Dynamically transforming the images does solve some of the issues above, but I feel that this still leaves us with issues:

  1. The image format cannot be converted.

  2. The initial transformation does take some time and causes flicker.

  3. We still don't have access to either the metadata or the renditions.

Enter the Graph

In the previous two approaches we have relied on the editor choosing the best version of the image, and then using dynamic transformation to resize it. The ideal approach would for the editor to choose the image, then let the code work out the best rendition to use.

Although it's not well publicised, the DAM has a GraphQL endpoint that you can use. This endpoint gives you access to the core asset data, metadata, and renditions.

Speak to Optimizely about getting this enabled for your instance.

Approach

The editor still chooses the image from the DAM, but then:

  1. Get the asset information from Graph, which includes the metadata and the renditions.

  2. Programmatically choose the best rendition.

  3. Use DAT to resize the image to the exact dimensions.

Renditions

If you create a rendition for each image dimension requirement required by your site, you will create a lot, which becomes difficult to manage over time.
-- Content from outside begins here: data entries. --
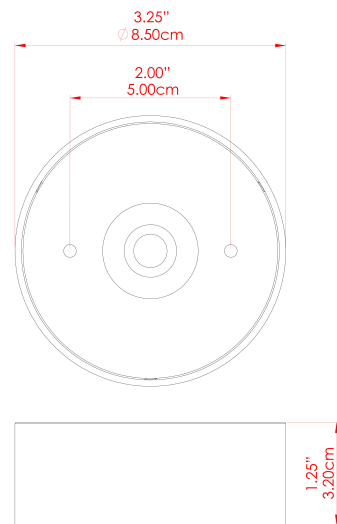

FIXING BRACKET: MLWB13 | Antique Brass

WWW.MULLANLIGHTING.COM

Product Notes:

1) Bulbs not included. 2) Dimensions do not include bulbs. 3) All products are individually made-to-order and therefore may differ slightly within manufacturing tolerances. 4) Cable / chain can be shortened during installation. Longer cable / chain lengths available on request. 5) Additional colour finishes may be available on request. 6) Refer to our website for a full list of terms and conditions.
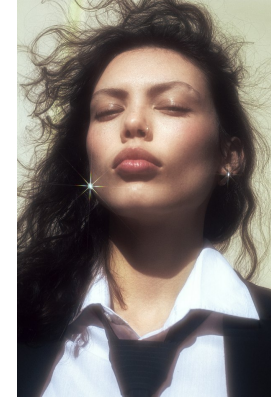

BOSS MODELS

CAPE TOWN

TIFFANY PICKSTONE

Height: 176cm Bust: 89cm Waist: 67cm Hips: 94cm Shoe: 6 UK Hair: Brown Eyes: Green/Brown

BOSS MODELS

CAPE TOWN

TIFFANY PICKSTONE

Height: 176cm Bust: 89cm Waist: 67cm Hips: 94cm Shoe: 6 UK Hair: Brown Eyes: Green/Brown

BOSS MODELS

CAPE TOWN

TIFFANY PICKSTONE

Height: 176cm Bust: 89cm Waist: 67cm Hips: 94cm Shoe: 6 UK Hair: Brown Eyes: Green/Brown
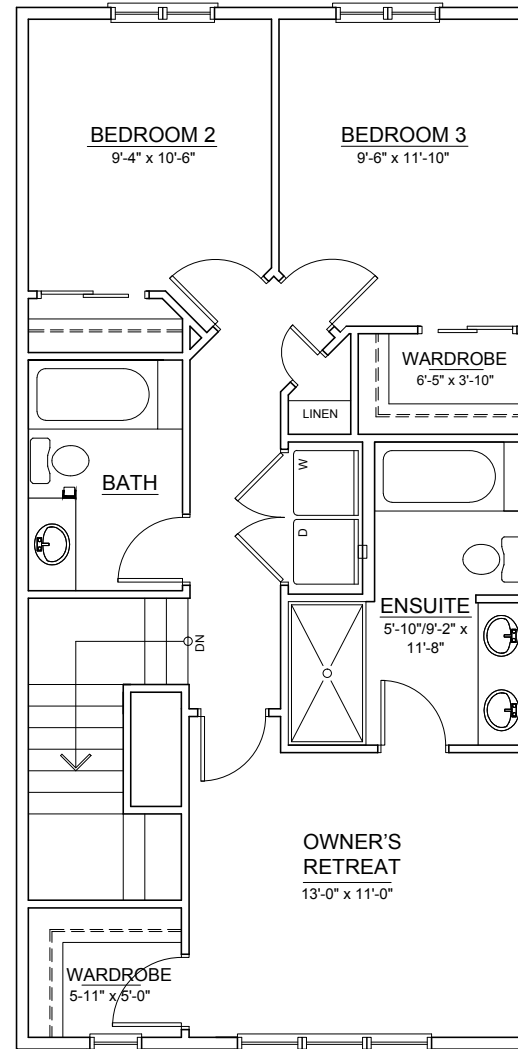

THE OLIVE II

± 1,600 SQ. FT.

MAIN FLOOR ±795 SQ.FT.

UPPER FLOOR ±805 SQ.FT.

THE OLIVE II

MAIN FLOOR OPTION 2
±790 SQ.FT.

UPPER FLOOR OPTION 2
±860 SQ.FT.
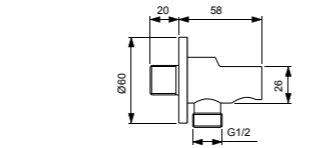

ROUND WALL BRACKET

	MODEL	CHROME	SILVER STORM	BRUSHED GOLD	MAGNETIC GREY
Wall bracket	BC806AA*	BC806GN	BC806A2	BC806A5	
- Metal Wall Bracket - Round design	- With plastic insert - * Chrome version not included in Atelier Terms				

SQUARE WALL BRACKET 1/2" CONNECTION

	MODEL	CHROME	SILVER STORM	BRUSHED GOLD	MAGNETIC GREY
Wall bracket with connection	BC771AA*	BC771GN	BC771A2	BC771A5	
- Wall bracket with integrated wall elbow - Square design	- With plastic insert - With back-flow prevention - * Chrome version not included in Atelier Terms				

ROUND WALL BRACKET 1/2" CONNECTION

	MODEL	CHROME	SILVER STORM	BRUSHED GOLD	MAGNETIC GREY
Wall bracket with connection	BC807AA*	BC807GN	BC807A2	BC807A3	
- Metal Wall Bracket with integrated wall elbow	- Round design - With plastic insert - With back-flow prevention - * Chrome version not included in Atelier Terms				

SQUARE WALL ELBOW 1/2" CONNECTION

	MODEL	CHROME	SILVER STORM	BRUSHED GOLD	MAGNETIC GREY
Wall elbow	BC772AA*	BC772GN	BC772A2	BC772A5	
- Metal wall elbow - Square design - With plastic insert	- With back-flow prevention - * Chrome version not included in Atelier Terms				

ROUND WALL ELBOW 1/2" CONNECTION

	MODEL	CHROME	SILVER STORM	BRUSHED GOLD	MAGNETIC GREY
Wall elbow	BC808AA*	BC808GN	BC808A2	BC808A5	
- Metal Wall Elbow - Round design	- With back-flow prevention - * Chrome version not included in Atelier Terms
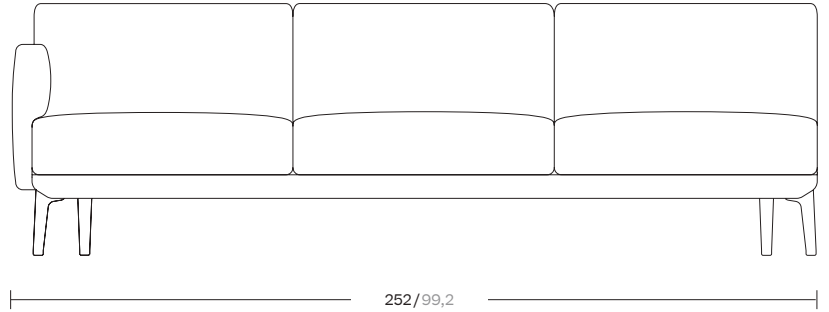

Left corner 3 seater “end”

Designer
Rodolfo Dordoni

Collection
Boma

Reference
KS2502400

1/3

The Boma collection, designed by Rodolfo Dordoni for Kettal, was born from the need of high performances of outdoor environment, without sacrificing the increasing demand for comfort that new products have to face. Therefore the structure is organized around a frame entirely made of aluminum, capable of hiding in the essentiality of its lines either the quality of the used materials and the chance of easy articulation in different compositions.

cm/inch
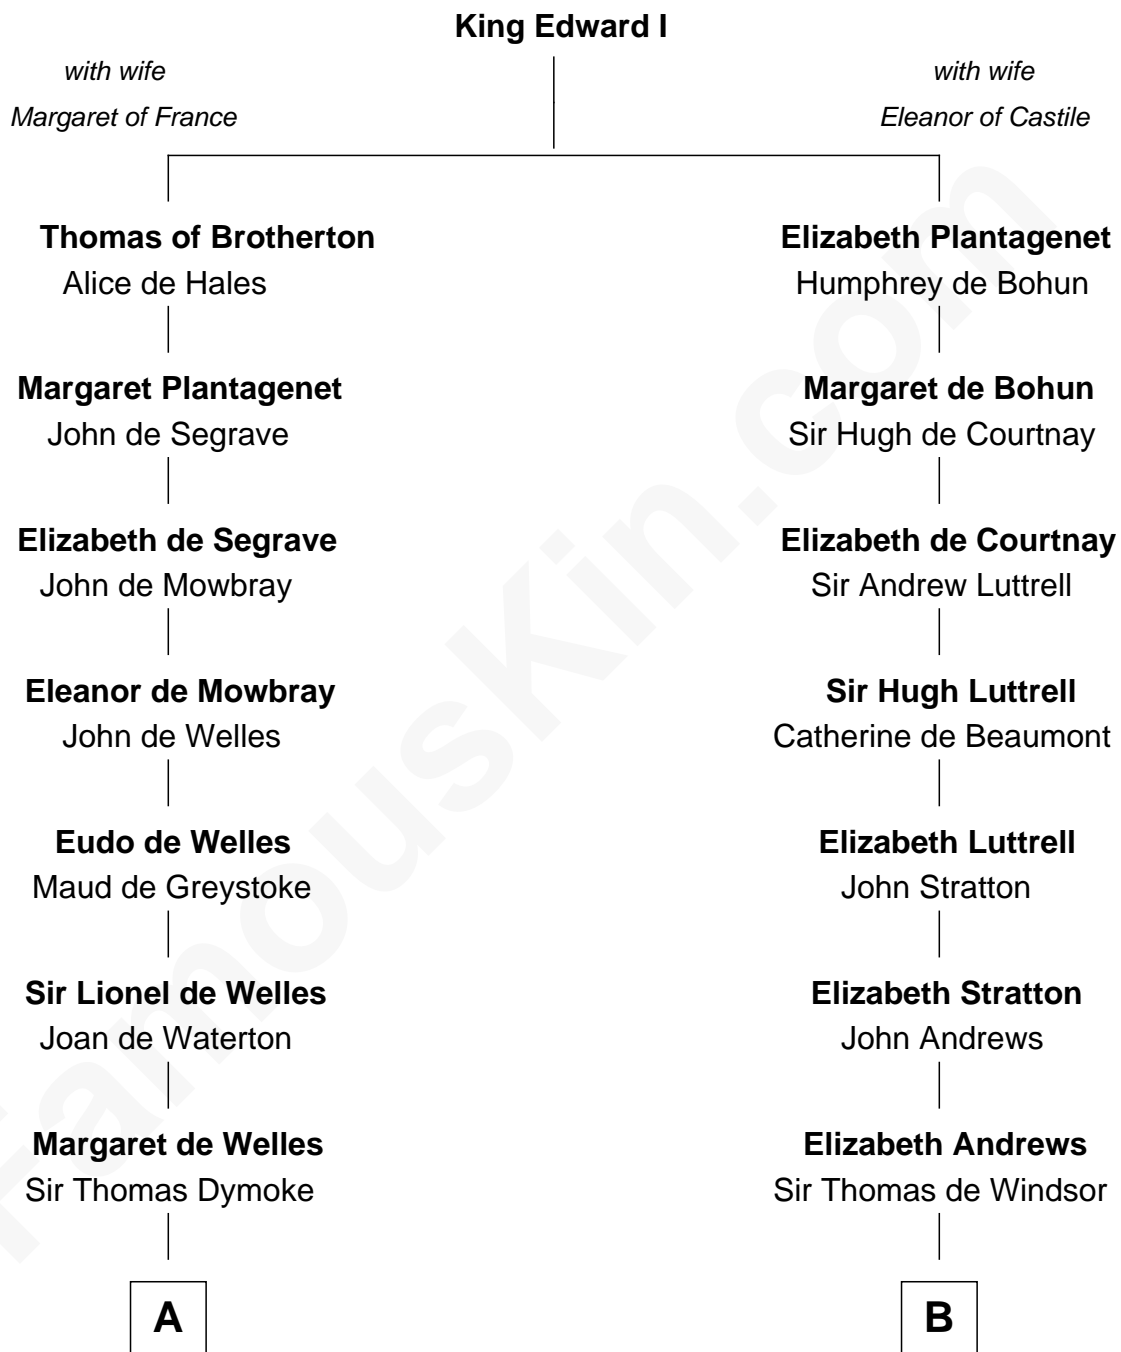

FamousKin.com

Relationship Chart of

Ray Bradbury

Author of The Martian Chronicles

14th cousin 7 times removed of

Benjamin Harrison V

Signer of the Declaration of Independence

C

—
Samuel Bradbury
Frances Mary Rothead

—
Samuel Irving Bradbury
Mary Adell Spaulding

—
Samuel Hinkston Bradbury
Minnie Alice Davis

—
Leonard Spaulding Bradbury
Esther Marie Moberg

—
Ray Bradbury
Author of The Martian Chronicles
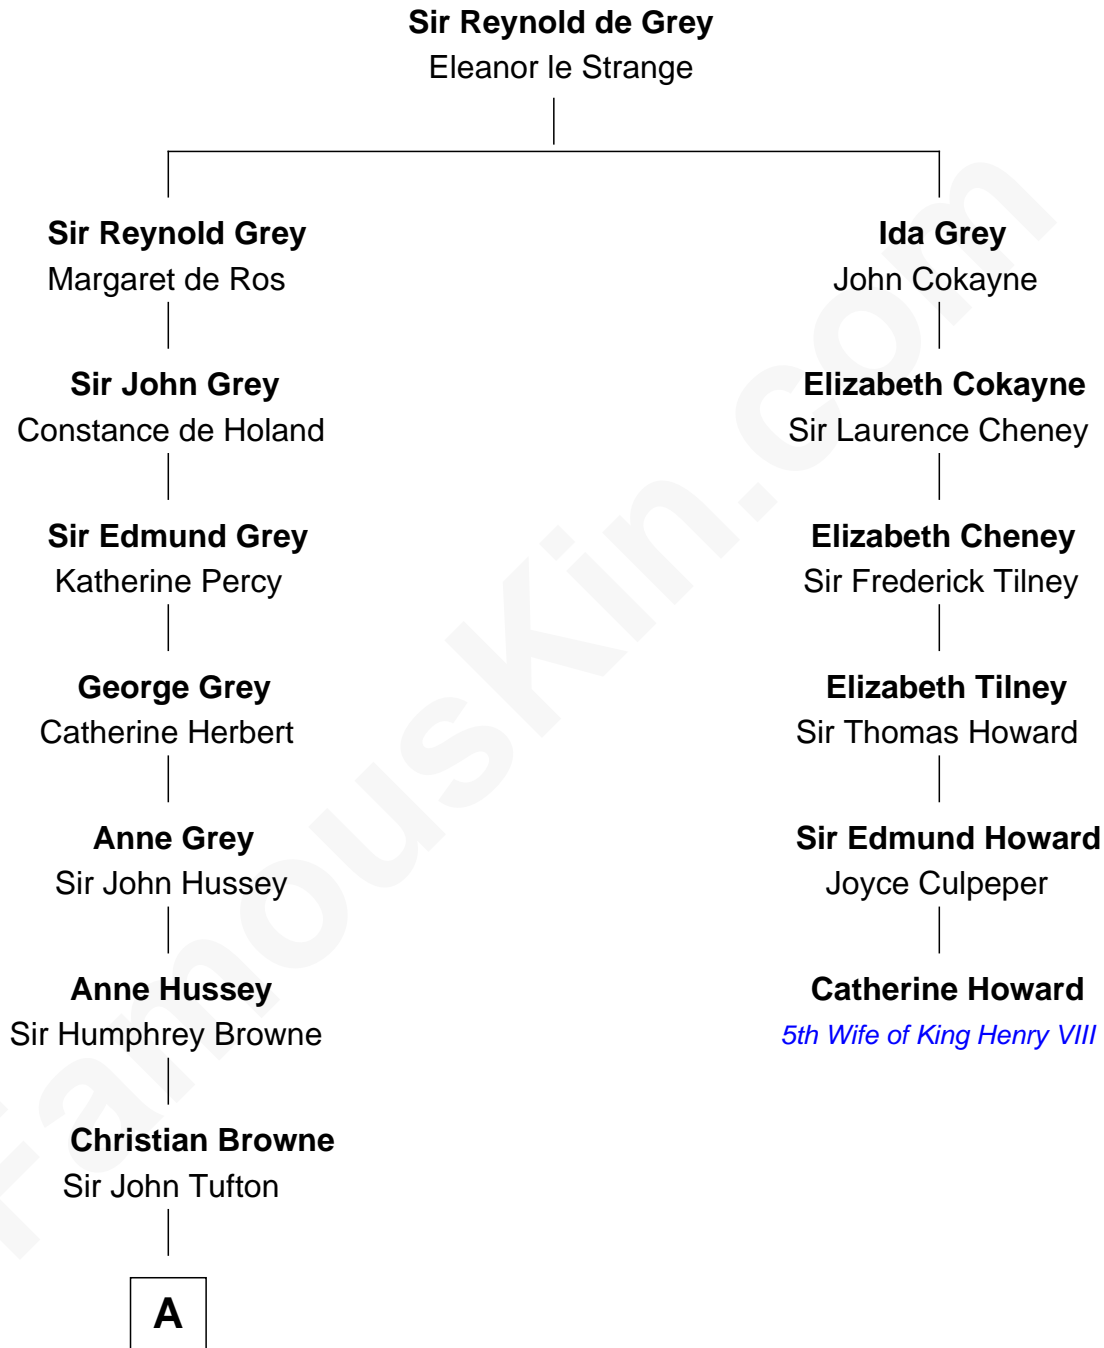

FamousKin.com

Relationship Chart of

Cara Delevingne

Fashion Model and Movie Actress

5th cousin 15 times removed of

Catherine Howard

5th Wife of King Henry VIII

B

Anne Margaret Faudel-Phillips

John Vincent Sheffield

Jane Armyne Sheffield

Sir Jocelyn Edward Greville Stevens

Pandora Anne Stevens

Charles Hamar Delevingne

Cara Delevingne

Model and Actress
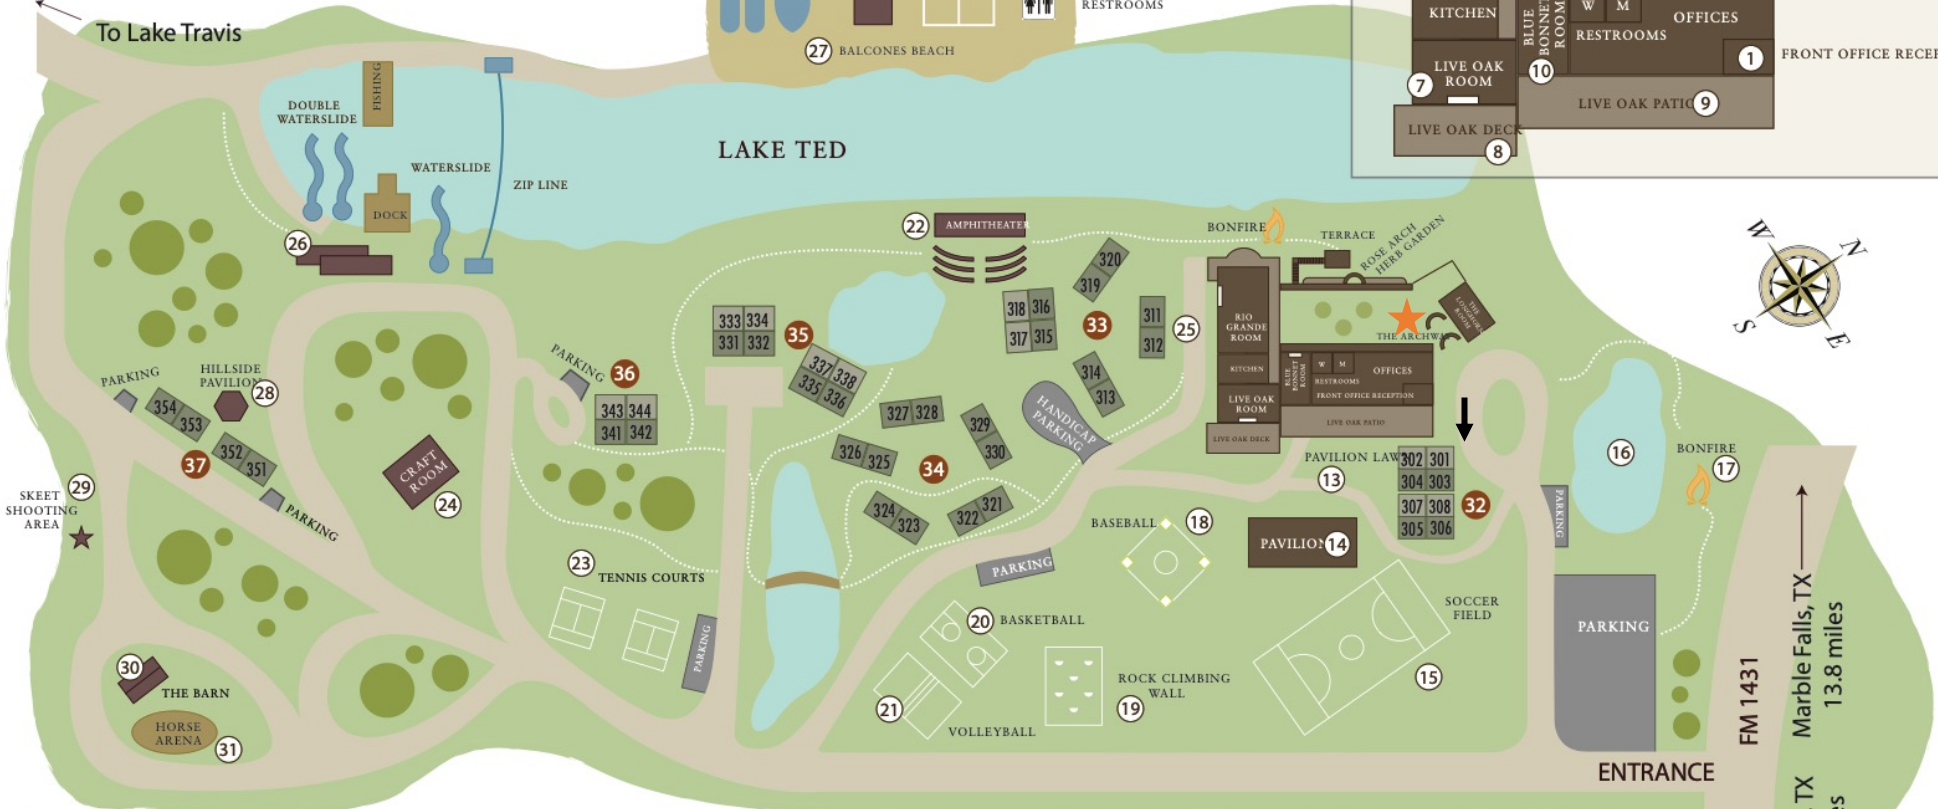

Questions about your cabin? Please refer to it by cabin name and not ext.# so we can better assist you.

CABINS

32-Agave Lodge Cabins	
Name	ext.#
Smithwick*	301
Bush*	302
Parker	303
Jones	304
Hobby*	305
LBJ	306
Bonham	307
Nimitz	308

* Denotes a cabin that shares a bathroom.

33-Butterfly Garden Cabins	
Name	ext.#
Bowie	311
Crockett	312
Rayburn	313
Houston	314
Webb	315
Beticheck	316
Ross	317
Dobie	318
Austin	319
Smith	320

34-Cypress Hill Cabins	
Name	ext.#
Hogg	321
Angelina	322
Johnson	323
Driscoll	324
Goodnight	325
Dickenson	326
Ney	327
Jordan	328
Porter	329
Hughes	330

35-Doe Valley Cabins	
Name	ext.#
Long	331
Stinson	332
Zaharious	333
King	334
Coleman	335
Blanton	336
Lady Bird	337
O'Connor	338

36-Eagle Pass Cabins	
Name	ext.#
Garner	341
Dezavala	342
Fannin	343
Scurry	344
37- Fire Circle Cabins	
Name	ext.#
Alamo	351
Goliad	352
San Jacinto	353
Gonzales	354
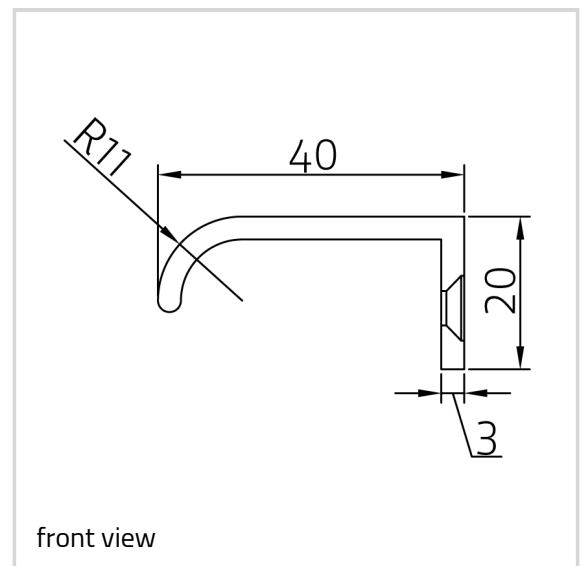

Edge Pull - Ref. 0087-75

Suitable for 18 mm thick profiles

Product features

- solid brass edge pulls for use on drawers and various door types
- simple modern design that will compliment any style of furniture
- available in standard 50 mm, 75 mm, 100 mm and 200 mm sizes
- various finishes including standard and PVD

Technical details

Attributes	Value
Overall length	75.0 mm
Screws	8.0 x 25.4 mm
Suitable profile size	18.0 mm

Note

Supplied with brass Pozi-drive head woodscrews.

Bespoke length and sizes prices on application.

Hardware - Edge Pull - Ref. 0087-75

Finish(es)	Imitation Bronze (UK 508)
OF-NR.	UK 508
VPE	Pack of 10
DIN	without
Item No.	0087-75.0
Finish(es)	Midnight (UK 509)
OF-NR.	UK 509
VPE	Pack of 10
DIN	without
Item No.	0087-75.0
Finish(es)	Pearl Nickel (UK 510)
OF-NR.	UK 510
VPE	Pack of 10
DIN	without
Item No.	0087-75.0
Finish(es)	Polished Chrome (UK 511)
OF-NR.	UK 511
VPE	Pack of 10
DIN	without
Item No.	0087-75.0
Finish(es)	Polished & Lacquered (UK 512)
OF-NR.	UK 512
VPE	Pack of 10
DIN	without
Item No.	0087-75.0
Finish(es)	Polished Nickel (UK 513)
OF-NR.	UK 513
VPE	Pack of 10
DIN	without
Item No.	0087-75.0
Finish(es)	Satin Brass & Lacquered (UK 514)
OF-NR.	UK 514
VPE	Pack of 10
DIN	without
Item No.	0087-75.0
Finish(es)	Satin Chrome (UK 515)

Hardware - Edge Pull - Ref. 0087-75

OF-NR.	UK 515
VPE	Pack of 10
DIN	without
Item No.	0087-75.0
Finish(es)	Satin nickel (UK 516)
OF-NR.	UK 516
VPE	Pack of 10
DIN	without
Item No.	0087-75.0
Finish(es)	PVD Brass (UK 517)
OF-NR.	UK 517
VPE	Pack of 10
DIN	without
Item No.	0087-75.0
Finish(es)	PVD Copper rose (UK 518)
OF-NR.	UK 518
VPE	Pack of 10
DIN	without
Item No.	0087-75.0
Finish(es)	PVD Matt black (UK 519)
OF-NR.	UK 519
VPE	Pack of 10
DIN	without
Item No.	0087-75.0
Finish(es)	PVD Rainbow (UK 520)
OF-NR.	UK 520
VPE	Pack of 10
DIN	without
Item No.	0087-75.0
Finish(es)	PVD Stainless steel effect (UK 521)
OF-NR.	UK 521
VPE	Pack of 10
DIN	without
Item No.	0087-75.0

Instead, I would focus on creating renditions for the different aspect ratios. I also set the format to WEBP (lossy compression) for every rendition.

Code Examples

The code examples below walks through my approach to integrating with the DAM and using optimised images on the website.

Configure image Dimensions

ImageDimensions - Settings

In the appSettings.json I have a section that defines all the different image requirements.

Custom taghelper

I developed a custom tag helper that extends the standard image tag with two new attributes:

  1. key - This links it to the settings in the appSettings.

  2. image-ref - This is the content reference for the DAM image.

The code checks that the referenced content is from the DAM; if it is, it uses the registered IImageHelper to get the correct renditions.

Code snippet from the Tag Helper
Code snippet from the Tag Helper
Image TagHelper

Example demonstrating using the new attributes on the image tag.

IImageHelper

The code below gets the rendition information from the DAM Graph and calculates the best renditions for the requested image sizes.

The logic used in the example below needs to be improved. It doesn't get the best image for the aspect ratio, but you must develop the logic to serve your specific requirements.

ImageHelper

IOptiDAMGRAPHService

This service is responsible for querying the DAM and returning the image information, including the renditions and Alt-Text. I am also caching the response, which helps reduce the number of network requests.

OptiDamGraphService
Code snippet showing how the image information is retrieved from the DAM
Image GraphQL Query
Graph Query to get information about a specific image

Github Repo

I have created a solution to demonstrate the integration approach, you are free to take this code and use it within your own projects: https://github.com/andrewmarkham/Opti-Dam

The solution contains two projects:

  1. A version of the 'Foundation' demo site that I have modified to use images from the DAM (Note: not all images have been updated)

  2. OptiDAM - This project contains all the code examples and some additional ones.

    1. A video tag helper

    2. A scheduled job to upload assets to the DAM

    3. A scheduled job to update the image content references on all the products to reference the equivalent images within the DAM.

Both of these scheduled jobs are good examples of using the REST API.

Conclusion

Hopefully, this blog post demonstrates how easy it is to integrate with the DAM, and the code in the repo proves useful to development teams.

One more thing

While presenting at Opticon for the OMVP summit, several people mentioned using Cloudflare Edge image resizing. Up until that point, I hadn't even considered it, as I assumed that this would only work for images hosted in the DXP. I wasn't aware that you could pass the service external URLS.

I believe that using the Edge resizing in addition to the renditions from the DAM is a combination worth investigating. The renditions would provide the images that are cropped using the focal point width.